Dataset excerpts

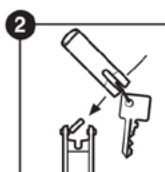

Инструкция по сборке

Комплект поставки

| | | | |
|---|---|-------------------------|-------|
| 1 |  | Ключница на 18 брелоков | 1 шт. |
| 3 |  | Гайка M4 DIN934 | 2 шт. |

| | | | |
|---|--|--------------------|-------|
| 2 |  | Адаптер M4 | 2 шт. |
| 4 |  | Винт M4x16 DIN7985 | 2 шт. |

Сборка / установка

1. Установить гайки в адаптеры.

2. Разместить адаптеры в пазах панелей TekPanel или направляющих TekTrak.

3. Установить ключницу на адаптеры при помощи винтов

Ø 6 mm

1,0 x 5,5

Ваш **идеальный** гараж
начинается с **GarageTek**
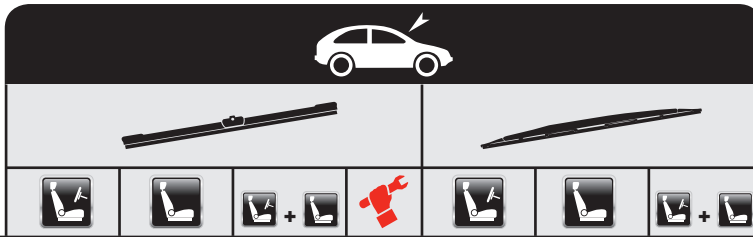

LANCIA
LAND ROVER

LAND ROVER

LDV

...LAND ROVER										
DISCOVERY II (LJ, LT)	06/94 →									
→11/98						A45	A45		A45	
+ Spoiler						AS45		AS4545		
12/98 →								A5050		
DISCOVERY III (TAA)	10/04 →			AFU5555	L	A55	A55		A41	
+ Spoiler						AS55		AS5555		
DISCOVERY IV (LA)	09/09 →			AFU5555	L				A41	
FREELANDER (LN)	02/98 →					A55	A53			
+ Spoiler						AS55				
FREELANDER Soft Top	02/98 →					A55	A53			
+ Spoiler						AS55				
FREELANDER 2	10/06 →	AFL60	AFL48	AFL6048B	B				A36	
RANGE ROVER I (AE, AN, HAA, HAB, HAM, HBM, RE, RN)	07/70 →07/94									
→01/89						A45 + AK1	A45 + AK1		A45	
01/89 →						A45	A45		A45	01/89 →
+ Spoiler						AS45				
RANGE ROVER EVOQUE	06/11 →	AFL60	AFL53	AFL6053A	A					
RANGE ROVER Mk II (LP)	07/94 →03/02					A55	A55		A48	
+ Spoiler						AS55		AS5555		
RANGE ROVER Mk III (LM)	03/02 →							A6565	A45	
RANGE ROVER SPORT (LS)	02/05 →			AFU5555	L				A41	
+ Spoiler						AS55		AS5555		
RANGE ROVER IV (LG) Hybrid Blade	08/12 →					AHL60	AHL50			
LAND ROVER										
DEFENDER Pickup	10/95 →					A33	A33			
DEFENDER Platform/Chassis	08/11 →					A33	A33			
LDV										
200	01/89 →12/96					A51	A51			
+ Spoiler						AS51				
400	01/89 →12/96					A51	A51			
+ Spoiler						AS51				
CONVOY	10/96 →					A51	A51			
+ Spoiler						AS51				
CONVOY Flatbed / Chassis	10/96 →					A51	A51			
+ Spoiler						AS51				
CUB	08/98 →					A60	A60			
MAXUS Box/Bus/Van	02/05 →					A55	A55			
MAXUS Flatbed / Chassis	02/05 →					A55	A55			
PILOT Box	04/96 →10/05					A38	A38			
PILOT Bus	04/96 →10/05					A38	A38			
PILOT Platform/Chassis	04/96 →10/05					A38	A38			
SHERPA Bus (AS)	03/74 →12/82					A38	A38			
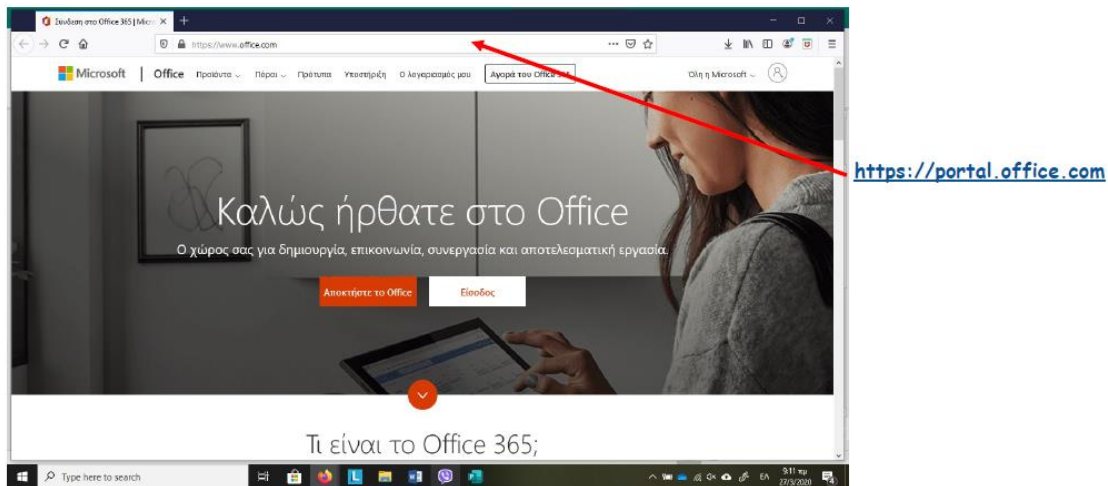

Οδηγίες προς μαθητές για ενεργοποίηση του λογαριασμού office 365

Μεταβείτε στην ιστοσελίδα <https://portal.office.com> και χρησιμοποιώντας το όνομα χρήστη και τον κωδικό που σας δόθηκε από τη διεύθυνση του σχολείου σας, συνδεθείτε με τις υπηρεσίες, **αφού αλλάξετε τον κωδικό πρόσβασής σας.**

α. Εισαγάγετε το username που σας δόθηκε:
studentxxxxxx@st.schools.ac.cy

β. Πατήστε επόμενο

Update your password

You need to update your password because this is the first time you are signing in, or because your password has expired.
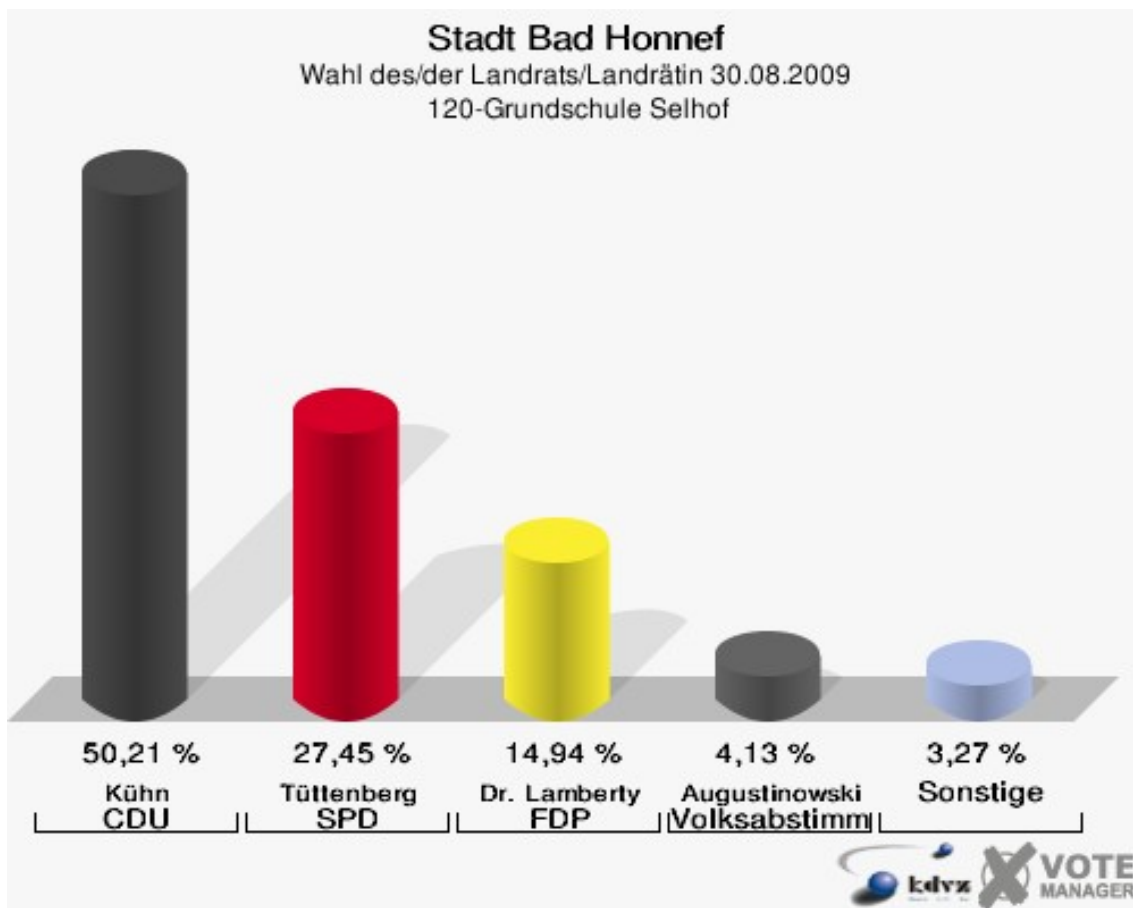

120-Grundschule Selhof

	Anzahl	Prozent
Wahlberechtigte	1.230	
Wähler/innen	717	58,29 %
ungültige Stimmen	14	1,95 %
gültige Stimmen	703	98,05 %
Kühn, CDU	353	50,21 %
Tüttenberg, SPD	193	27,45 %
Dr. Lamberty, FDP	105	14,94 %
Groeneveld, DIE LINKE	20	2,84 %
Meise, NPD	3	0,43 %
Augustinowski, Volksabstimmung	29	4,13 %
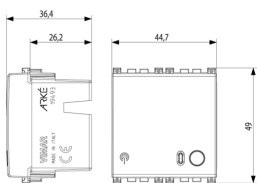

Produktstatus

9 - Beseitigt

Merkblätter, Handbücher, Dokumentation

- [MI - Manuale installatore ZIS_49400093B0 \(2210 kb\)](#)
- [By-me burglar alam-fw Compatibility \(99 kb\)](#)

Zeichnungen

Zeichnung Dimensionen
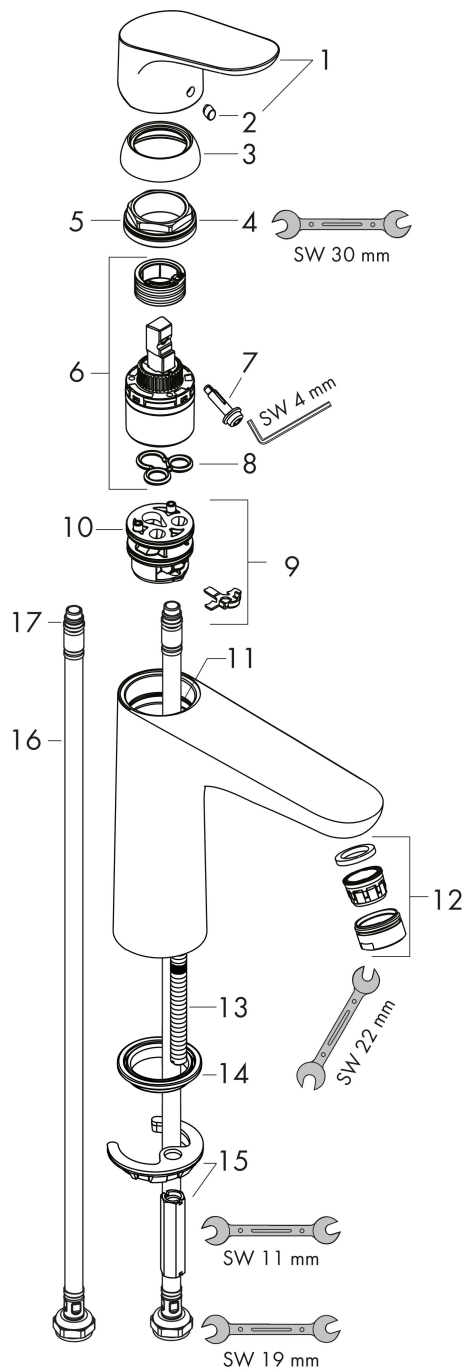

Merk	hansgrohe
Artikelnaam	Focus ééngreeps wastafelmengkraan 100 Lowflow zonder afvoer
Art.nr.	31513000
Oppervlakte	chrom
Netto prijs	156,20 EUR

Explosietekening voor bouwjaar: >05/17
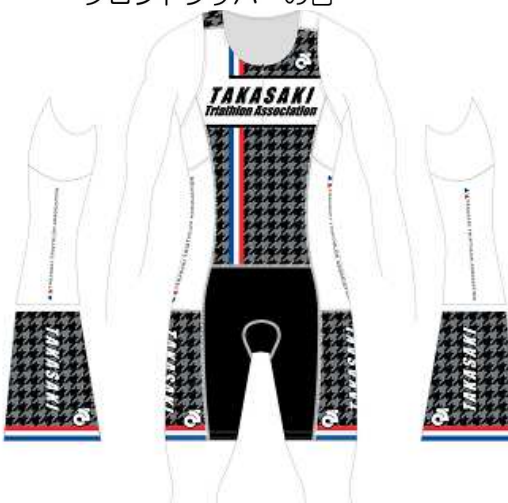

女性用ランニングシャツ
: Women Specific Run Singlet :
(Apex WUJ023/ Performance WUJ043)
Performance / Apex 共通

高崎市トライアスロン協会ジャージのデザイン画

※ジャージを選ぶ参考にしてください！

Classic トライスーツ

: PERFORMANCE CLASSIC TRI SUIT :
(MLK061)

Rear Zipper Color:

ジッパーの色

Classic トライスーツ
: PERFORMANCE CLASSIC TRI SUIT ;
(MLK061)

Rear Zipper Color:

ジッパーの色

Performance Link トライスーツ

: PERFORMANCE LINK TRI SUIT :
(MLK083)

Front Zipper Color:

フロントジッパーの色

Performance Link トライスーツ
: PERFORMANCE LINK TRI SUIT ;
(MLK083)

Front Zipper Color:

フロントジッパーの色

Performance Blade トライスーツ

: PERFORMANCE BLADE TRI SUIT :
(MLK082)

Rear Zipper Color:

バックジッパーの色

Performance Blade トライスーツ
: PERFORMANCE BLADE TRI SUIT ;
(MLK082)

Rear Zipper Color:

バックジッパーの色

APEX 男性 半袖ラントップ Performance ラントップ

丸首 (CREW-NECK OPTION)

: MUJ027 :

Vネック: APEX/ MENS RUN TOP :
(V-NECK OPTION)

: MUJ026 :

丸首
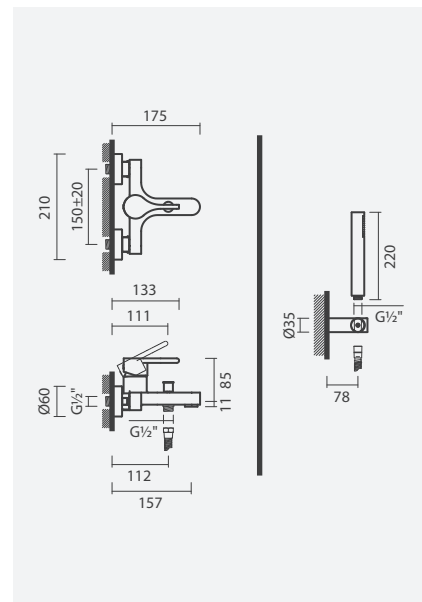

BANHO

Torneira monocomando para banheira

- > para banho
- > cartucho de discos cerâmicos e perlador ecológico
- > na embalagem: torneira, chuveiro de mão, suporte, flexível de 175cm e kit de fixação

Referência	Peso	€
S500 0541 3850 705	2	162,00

■ Your instructions
Both the line containing "Women Specific Run" and the last line of the records above belong in the exact copy, along with every line between them; pictures do not.

■ Answer space
: Women Specific Run Singlet :
(Apex WUJ023/ Performance WUJ043)
Performance / Apex 共通

高崎市トライアスロン協会ジャージのデザイン画

※ジャージを選ぶ参考にしてください！

Classic トライスーツ

: PERFORMANCE CLASSIC TRI SUIT :
(MLK061)

Rear Zipper Color:

ジッパーの色

Classic トライスーツ
: PERFORMANCE CLASSIC TRI SUIT ;
(MLK061)

Rear Zipper Color:

ジッパーの色

Performance Link トライスーツ

: PERFORMANCE LINK TRI SUIT :
(MLK083)

Front Zipper Color:

フロントジッパーの色

Performance Link トライスーツ
: PERFORMANCE LINK TRI SUIT ;
(MLK083)

Front Zipper Color:

フロントジッパーの色

Performance Blade トライスーツ

: PERFORMANCE BLADE TRI SUIT :
(MLK082)

Rear Zipper Color:

バックジッパーの色

Performance Blade トライスーツ
: PERFORMANCE BLADE TRI SUIT ;
(MLK082)

Rear Zipper Color:

バックジッパーの色

APEX 男性 半袖ラントップ Performance ラントップ

丸首 (CREW-NECK OPTION)

: MUJ027 :

Vネック: APEX/ MENS RUN TOP :
(V-NECK OPTION)

: MUJ026 :

丸首

BANHO

Torneira monocomando para banheira

- > para banho
- > cartucho de discos cerâmicos e perlador ecológico
- > na embalagem: torneira, chuveiro de mão, suporte, flexível de 175cm e kit de fixação

Referência	Peso	€
S500 0541 3850 705	2	162,00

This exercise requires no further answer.